Just as a point of clarification... Our club rules say that we do NOT sell plants to one another. We give them to each other at club meetings. Other items can be sold or given away.

RULES FOR APC- state that there is to be NO BEGGING for items. That also includes items from club members. You need to come to the meetings and as people *or use the club's broadcast email* if you would like to request items from others such as shrimps, ferts, equipment. If you are selling equipment you need to use the FOR SALE forum and put in title LOCAL PICK-UP. If you are a member you also have been given an DFWAPC members list and so you can contact people directly.
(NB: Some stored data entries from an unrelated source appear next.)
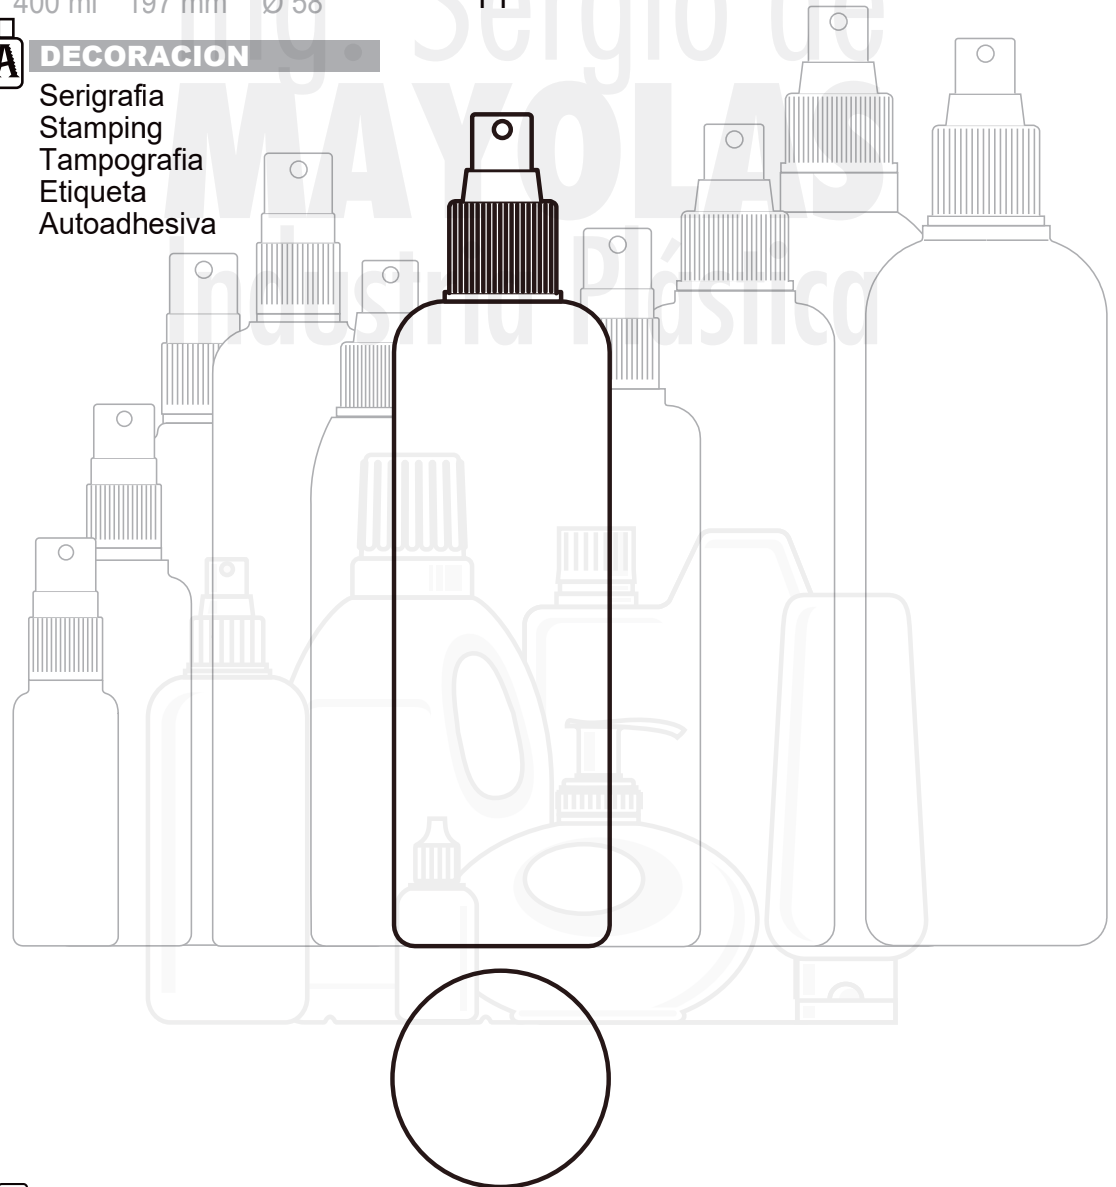

vol.	H	Ø
25 ml	77 mm	Ø 25
60 ml	110 mm	Ø 32
120 ml	142 mm	Ø 38
125 ml	145 mm	Ø 39
150 ml	150 mm	Ø 40
180 ml	168 mm	Ø 40
250 ml	173 mm	Ø 48
300 ml	181 mm	Ø 52
360 ml	203 mm	Ø 53
400 ml	197 mm	Ø 58

UTILIDADES

Linea Capilar	Linea Baño y Ducha
Linea Corporal	Linea Solar
Linea Facial	Linea Hogar
Linea Infantil	Linea Limpieza
Fragancias	

MATERIALES

PP

DECORACION

Serigrafia
Stamping
Tampografia
Etiqueta
Autoadhesiva

It may seem silly to make this distinction but APC members have been given infractions for begging for items on this forum. Since we use this forum for our club we need to make sure we don't do that. We have our broadcast email just for such purposes. When other APC members see DFWAPC members begging/asking for free stuff from others it is against the rules of APC and we don't want to do that as a club. Don't be surprised if you receive a pm asking you NOT to beg for stuff on APC.


----------



## RandallW201 (Jul 31, 2011)

I haven't received a DFWAPC members list, how can I obtain one?


----------



## stmarshall (Jan 24, 2012)

I also have not been given a list or told where I can find the list. Not selling items or not begging is a good thing for this forum. When I get items that I have extras I want to give them to people who give to me and this forum is great for this. I am a rookie but feel like the people in this club are there to help me and I appreciate it. Just like last meeting, I learned a lot not just from the presentation but also by other club members sharing, Thank you APC.


----------



## Tex Gal (Nov 1, 2007)

You can email Mike Cameron. He's the treasurer of the club and has the list. PM him here or go here, hit his name and email him.
http://www.aquatic-plants.org/officers.html


----------